Kidney patients benefit when their physicians are fully bought in and engaged with value-based care. They experience slower disease progression, fewer hospitalizations, remarkable improvements in planned transitions to dialysis, and reduced overall costs of care. Additionally, these patients express more satisfaction with their care team, the education provided, and the resources available to them.

The entire healthcare industry must develop value-based care models which deliver superior clinical outcomes while lowering costs. This is the essence of value-based care.
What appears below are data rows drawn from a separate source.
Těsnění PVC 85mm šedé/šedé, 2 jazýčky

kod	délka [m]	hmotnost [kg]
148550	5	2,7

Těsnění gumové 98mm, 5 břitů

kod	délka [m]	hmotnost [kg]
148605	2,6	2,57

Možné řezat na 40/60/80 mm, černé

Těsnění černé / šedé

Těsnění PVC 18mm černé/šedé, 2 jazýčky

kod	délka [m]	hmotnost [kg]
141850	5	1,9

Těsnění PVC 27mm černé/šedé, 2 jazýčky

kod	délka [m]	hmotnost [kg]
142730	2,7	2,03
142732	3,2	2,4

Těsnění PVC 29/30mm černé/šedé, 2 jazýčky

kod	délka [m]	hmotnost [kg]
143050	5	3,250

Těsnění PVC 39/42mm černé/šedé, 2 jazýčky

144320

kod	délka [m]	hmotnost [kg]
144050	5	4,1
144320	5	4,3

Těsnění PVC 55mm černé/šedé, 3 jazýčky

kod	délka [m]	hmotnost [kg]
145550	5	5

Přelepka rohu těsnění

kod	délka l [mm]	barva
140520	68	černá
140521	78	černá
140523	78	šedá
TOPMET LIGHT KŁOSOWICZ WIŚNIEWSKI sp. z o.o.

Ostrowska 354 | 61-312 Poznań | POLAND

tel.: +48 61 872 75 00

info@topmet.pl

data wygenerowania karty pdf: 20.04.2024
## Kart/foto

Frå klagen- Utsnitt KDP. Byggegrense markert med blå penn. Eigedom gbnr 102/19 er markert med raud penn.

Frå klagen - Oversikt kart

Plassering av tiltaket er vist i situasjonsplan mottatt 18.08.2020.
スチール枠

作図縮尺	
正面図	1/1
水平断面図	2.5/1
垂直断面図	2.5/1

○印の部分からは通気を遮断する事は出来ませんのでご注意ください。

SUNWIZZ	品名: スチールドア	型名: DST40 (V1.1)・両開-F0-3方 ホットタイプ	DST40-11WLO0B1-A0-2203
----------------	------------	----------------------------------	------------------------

We believe that strategies which closely align with physician practices offer the best chance of achieving sustainable, safe, long-term quality and equity for patients.

George Hart, MD, is the chief medical officer for Interwell Health, a value-based kidney care management company that partners with physicians to reimagine healthcare. He brings three decades of experience in nephrology and as a practicing physician to his role and has worked extensively with physician practices in their transition to value-based care.

Jessica Demaline, MSW, LSW, is senior vice president, Healthcare Operations, for Interwell Health, a value-based kidney care management company that partners with physicians to reimagine healthcare. She has an extensive background in social work and behavioral health and has built a successful record of leading value-based care programs and population health management initiatives.